Part of the problem was he was constantly being interrupted by Bercow, who spent much of this lunch hour telling MPs to shut up. When this happens the minister sits down politely before resuming his speech. But it’s often unclear whether he actually needs to do so. Cable’s situation was summed up by the moments he spent in this pose – bent double, quavering, cowering, looking upwards desperately for some sort of guidance. It was a pitiable sight to look at, and perhaps a cruel point to make. But no one present could deny it summed up Cable’s position.
Worse still, the ex-saint was constantly being demanded to ‘give way’ – a form of consensual interrupting which MPs take great pleasure in. Labour’s appropriately red-faced Brian Donohoe was the most persistent offender, demanding to be given his say in his South Ayrshire accent roughly every two seconds. Eventually he had had enough, interrupting proceedings in a way John Bercow could not ignore. The Speaker was unsympathetic. “That is not a point of order, that is a point of frustration,” Bercow said, to laughter. Donohoe sat down thoughtfully – but only for a moment. “Will the right hon member give way?” he asked again.
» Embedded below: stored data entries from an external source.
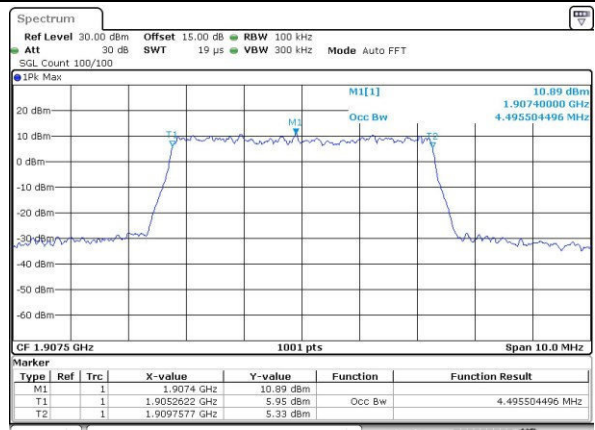

Date: 31.JUL.2016 03:45:50

Middle Channel / 5MHz / 16QAM

Date: 31.JUL.2016 03:46:01

Highest Channel / 5MHz / QPSK

Date: 31.JUL.2016 03:48:26

Highest Channel / 5MHz / 16QAM

Date: 31.JUL.2016 03:48:37

LTE Band 2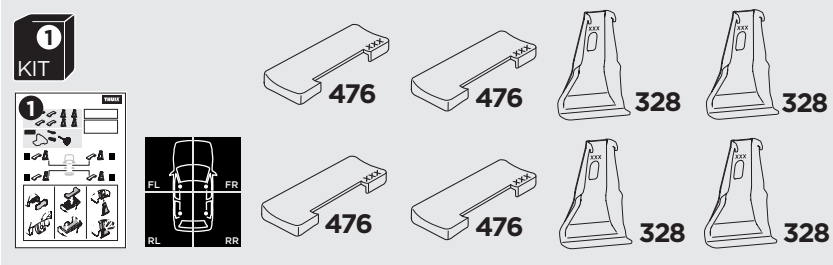

1

Kit 145153

LAND ROVER Range Rover Sport, 5-dr SUV, 14-

ISO 11154-E

THULE WingBar Evo	THULE WingBar Edge	THULE WingBar	THULE SquareBar Evo	Evo X (scale)	Edge X (scale)
LAND ROVER Range Rover Sport, 5-dr SUV, 14-				60,5	-
THULE ProBar Evo	THULE SlideBar Evo				X (mm/inch)
LAND ROVER Range Rover Sport, 5-dr SUV, 14-				1256 mm / 49 1/2"	

THULE WingBar Evo	THULE WingBar Edge	THULE WingBar	THULE SquareBar Evo	Evo Y (scale)	Edge Y (scale)
LAND ROVER Range Rover Sport, 5-dr SUV, 14-				60	-
THULE ProBar Evo	THULE SlideBar Evo				Y (mm/inch)
LAND ROVER Range Rover Sport, 5-dr SUV, 14-				1251 mm / 49 1/4"	

	W (mm/inch)	Z (mm/inch)
LAND ROVER Range Rover Sport, 5-dr SUV, 14-	750 mm / 29 1/2"	320 mm / 12 5/8"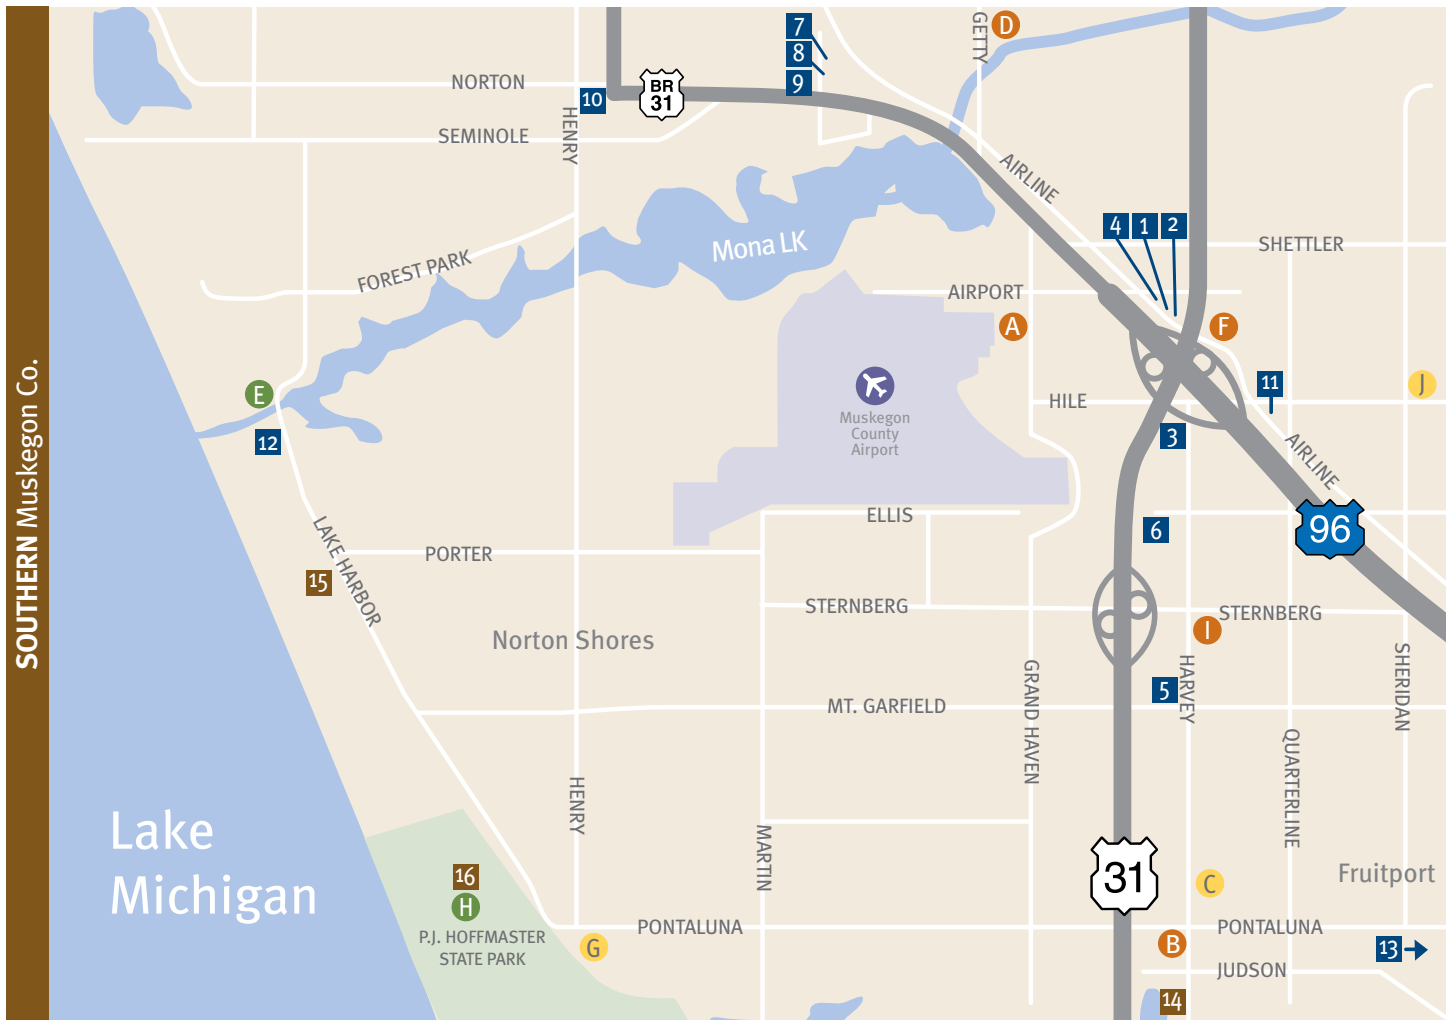

**Muskegon**  
a Lake Michigan must

**SOUTHERN Muskegon County Map**  
(includes Accommodations & Attractions)

**Accommodations Key**

- Hotels & Motels
- Resorts & Lodges
- Bed & Breakfasts
- Campgrounds

**Attraction Key**

- Parks & Beaches
- Attractions
- Golf Courses
- Museums & Light Houses
- Trail Systems
- Visitor Information

**Hotels & Motels**

- 1 Alpine Motel
- 2 Airline Motel
- 3 Baymont Inn & Suites
- 4 Bel-Aire Motel
- 5 Fairfield Inn & Suites
- 6 Hampton Inn
- 7 Heights Motel
- 8 Muskegon Super 8
- 9 Red Roof Inn
- 10 Seaway Motel
- 11 Whitlow's El Royal Motel

**Resorts & Lodges**

- 12 Maranatha Christian Conference & Retreat

**Bed & Breakfasts**

- 13 Village Park B&B

**Campgrounds**

- 14 Lake Fran Campground
- 15 Muskegon Elks
- 16 P.J. Hoffmaster State Park

**Attractions**

- A Cinema Carousel
- B Craig's Cruisers
- C Fruitport Golf Club
- D Getty 4 Drive-In Theatre
- E Lake Harbor Park
- F Lakeshore Sports Centre
- G Oak Ridge Golf Course
- H P.J. Hoffmaster State Park (Gillette Visitor Center)
- I The Lakes Mall
- J Westwind Golf Course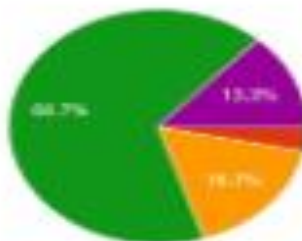

Aims and objectives of the syllabi are well defined ?

30 responses

Dr. Mahananda Kanjilal
Principal
Durgapur Women's College

It was the only funny moment in a grim first hour of this marathon debate. In the stranger’s gallery up above, a brief kerfuffle occurred as a few pesky students attempted to make their voices heard. The glass screen put in place to protect MPs meant the applause of other youngsters present barely filtered through, as dementor-like doorkeepers descended to bundle the miscreants away. The proceedings of the Commons continued uninterrupted. MPs barely noticed.
Down below, the Liberal Democrat benches were in a hellish form of collective agony. Over recent months they have become well-practised at looking vacant while in the chamber, blank expressions on their fixed faces as they let through this or that concession. Today was different. Abstainer Simon “get off the fence!” Hughes, the party’s deputy leader, sat forward intently, elbows on thighs. John Pugh was on the edge of his seat, sitting up primly with his arms folded. Julian Huppert and Duncan Hames, earnestly fiddling around with their phones, sat behind confirmed rebel John Leech, eyebrows permanently raised in a rictus of disbelief. This was that rare sight in the Commons since the election – Lib Dems not caring whether it looks as if they’re paying attention.
They did not like what they heard from John Denham, Labour’s shadow business secretary. He spoke at length in a powerful and effective speech, brushing aside most interventions but allowing one from the Lib Dems’ ex-higher education spokesman, Stephen Williams. Did Denham speak for or against Peter Mandelson’s planned £1 billion cuts for universities? “It wouldn’t have been unscathed,” Denham conceded, to Tory “ahs!” “But,” Denham added with a flourish, “it wouldn’t have been cut by 80%!”
By then the prime minister and Clegg had made their exit, Cameron not even bothering to remain in his seat until Cable had finished speaking. He slipped away, as prime ministers tend to do, behind the Speaker’s chair. But Clegg’s exit was more visible. He advanced in the other direction, towards where the Lib Dems used to sit. Labour MPs now occupying those benches jeered him, waving their order papers. The deputy prime minister acknowledged this barracking with a courteous – if somewhat supercilious – nod of the head, before presumably turning left and entering his whips’ office for a crisis update.
This explains why he missed Denham’s magnificent closing, a heartfelt appeal to undecided “ministers and backbenchers”. The words were not striking in themselves – “I do know what you’re going through – after you do it, you realise it wasn’t half as bad as you thought it would be”. Rather it was the hush with which his words were greeted that proved so stirring. After an hour of incessant heckling, the Commons fell silent once more as Labour MPs let Denham’s words sink in. It was, perhaps, the final calm before the storm.